[[ SUPPLIED DATA, beginning ]]

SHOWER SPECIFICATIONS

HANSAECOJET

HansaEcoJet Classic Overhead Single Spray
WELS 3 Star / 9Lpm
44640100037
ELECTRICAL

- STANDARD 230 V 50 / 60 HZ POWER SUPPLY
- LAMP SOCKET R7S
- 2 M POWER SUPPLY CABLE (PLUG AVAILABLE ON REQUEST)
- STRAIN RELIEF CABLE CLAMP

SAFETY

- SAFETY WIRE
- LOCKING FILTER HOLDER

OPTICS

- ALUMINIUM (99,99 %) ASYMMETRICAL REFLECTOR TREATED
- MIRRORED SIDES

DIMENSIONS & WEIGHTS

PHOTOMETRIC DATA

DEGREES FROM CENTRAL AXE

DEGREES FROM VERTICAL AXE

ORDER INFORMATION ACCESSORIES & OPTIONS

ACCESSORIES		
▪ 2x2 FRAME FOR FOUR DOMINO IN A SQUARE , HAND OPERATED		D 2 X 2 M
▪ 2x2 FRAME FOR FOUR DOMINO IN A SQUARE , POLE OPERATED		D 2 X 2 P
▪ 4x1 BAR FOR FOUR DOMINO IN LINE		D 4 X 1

[[ SUPPLIED DATA, end ]]
[[ SUPPLIED DATA, beginning ]]

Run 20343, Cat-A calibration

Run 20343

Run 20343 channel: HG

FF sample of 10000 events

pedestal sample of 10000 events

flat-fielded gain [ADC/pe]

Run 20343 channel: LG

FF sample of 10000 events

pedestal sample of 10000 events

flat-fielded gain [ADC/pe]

[[ SUPPLIED DATA, end ]]

== THE PROBLEM ==
Every line of the listing that includes "CABLE" must be shown.

== WRITTEN ANSWER ==
- 2 M POWER SUPPLY CABLE (PLUG AVAILABLE ON REQUEST)
- STRAIN RELIEF CABLE CLAMP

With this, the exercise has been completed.